An agent is responsible for archiving electronic import clearances where the agent has provided an import declaration on behalf of the importer as an indirect representative.
Documents to be archived
Documents to be archived include all customs clearance documents and commercial documents related to import. These documents include decisions on customs clearances and releases, trade invoices, freight and transport documents, proofs of origin and decisions on corrections related to appeals.
The documents can be archived either electronically or on paper. Only permits or other documents verified by an authority with a signature, stamp or otherwise must be stored as paper documents.
- FORM A certificates of origin
- EUR.1, EUR-MED and A.TR. movement certificates, and
- invoice declarations and declarations of origin that are signed by the exporter in the exporting country and that do not include any authorisation number of an authorised exporter.
Place of archiving
Paper documents must always be archived in Finland, either on the premises of the importer or, based on an assignment, for example in an accounting company or on the premises of an agent. The documents must be reliable, authentic and complete and they are to have weight as evidence throughout the time they are archived.
Customs clearance documents must remain archived for six (6) years after the end of the calendar year during which the decision on the release of goods under an import procedure was made.
Putting documents at Customs’ disposal
Customs is entitled to inspect customs clearance documents which, when necessary, must be delivered to Customs without delay at the expense of the importer. Electronically archived documents must, when necessary, be provided to Customs in a generally used format.
If the importer goes out of business or goes bankrupt, the material to be archived must be transferred to Customs for archiving at the expense of the importer. If a company which has taken on the assignment of archiving documents goes out of business or goes bankrupt, it must transfer the archive material to the importer that gave the archiving assignment.
Archive contact person of the importer
The importer’s contact person for customs matters is also the contact person for archiving.

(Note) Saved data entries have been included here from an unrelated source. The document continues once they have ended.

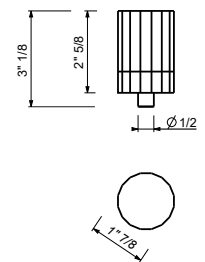

N748CE

VENEZIA Crystal handle - TRASPARENT LIGHT BLUE

Compatible with the following articles: N404SWU - N504SWU - N405SWU - N409SWU - N509SWU - N465SU - N565SU - N467SU

Chrome	29 02 N748CE
Polished Nickel PVD	29 95 N748CE
Matte Gun Metal PVD	29 P5 N748CE
Matte British Gold PVD	29 P6 N748CE
Matte Copper PVD	29 P9 N748CE
Gold Plus	29 01 N748CE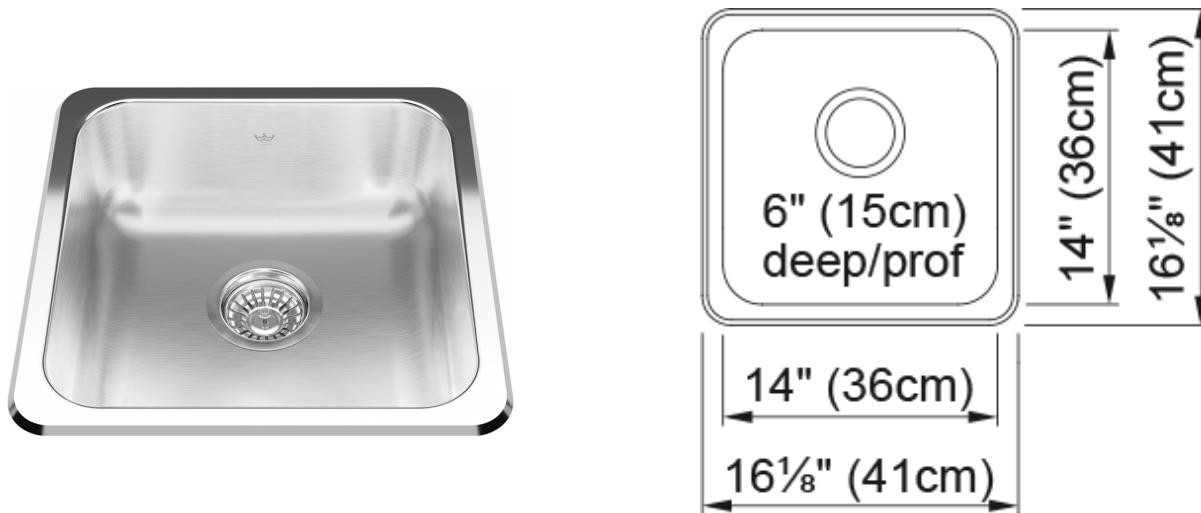

Steel Queen Drop In Sink - QSA1616-6N | 101.0629.536

Technical Data

Aspect

Sink type	Sink
Type of material	Stainless steel
Number of bowls	1
Color	Steel
Surface finish	High gloss

Product Dimensions

Exterior size: right to left	16.142
Exterior size: front to back	16.142
Large bowl size: right to left	14
Large bowl size: front to back	14
Large bowl: depth	5.984

Installation

Minimum cabinet size	18"
----------------------	-----

Product specifications

Installation type	Topmount / drop in
Drain hole	3 1/2"
Position of drainer	No drainer

Product identification

Product brand	Kindred
Collection	Steel Queen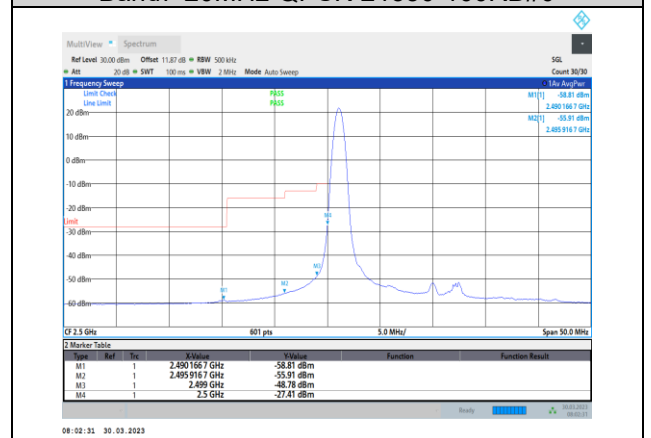

Band7-20MHz-QPSK-21350-100RB#0

Band7-20MHz-16QAM-20850-1RB#0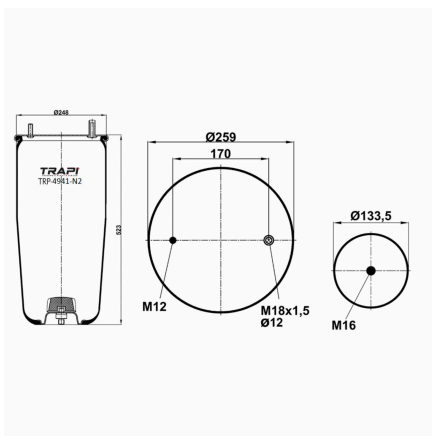

OEM REFERENCES		CROSS REFERENCES	
		Airtech	34930 P

TRP-4933-N AIR SPRING WITHOUT PISTON

OEM REFERENCES		CROSS REFERENCES	
SCANIA	1434933	Airtech	34933 K**SA

TRP-4940-N2 AIR SPRING WITHOUT PISTON

OEM REFERENCES		CROSS REFERENCES	
BPW	BPW30K	Contitech	4940NP02
BPW	05.429.41.56.0

The importer on whose behalf electronic declarations are lodged can receive a monthly list of customs clearances which the agent has carried out as a direct representative or as a direct representative with the responsibility of a guarantor. The list shows the number of the customs clearance decision, clearance date, holder of the goods, forwarder, reference number and additional reference. The list request can be sent to arkistoedi(at)tulli.fi. The processing takes 2–4 weeks. The service is subject to a charge.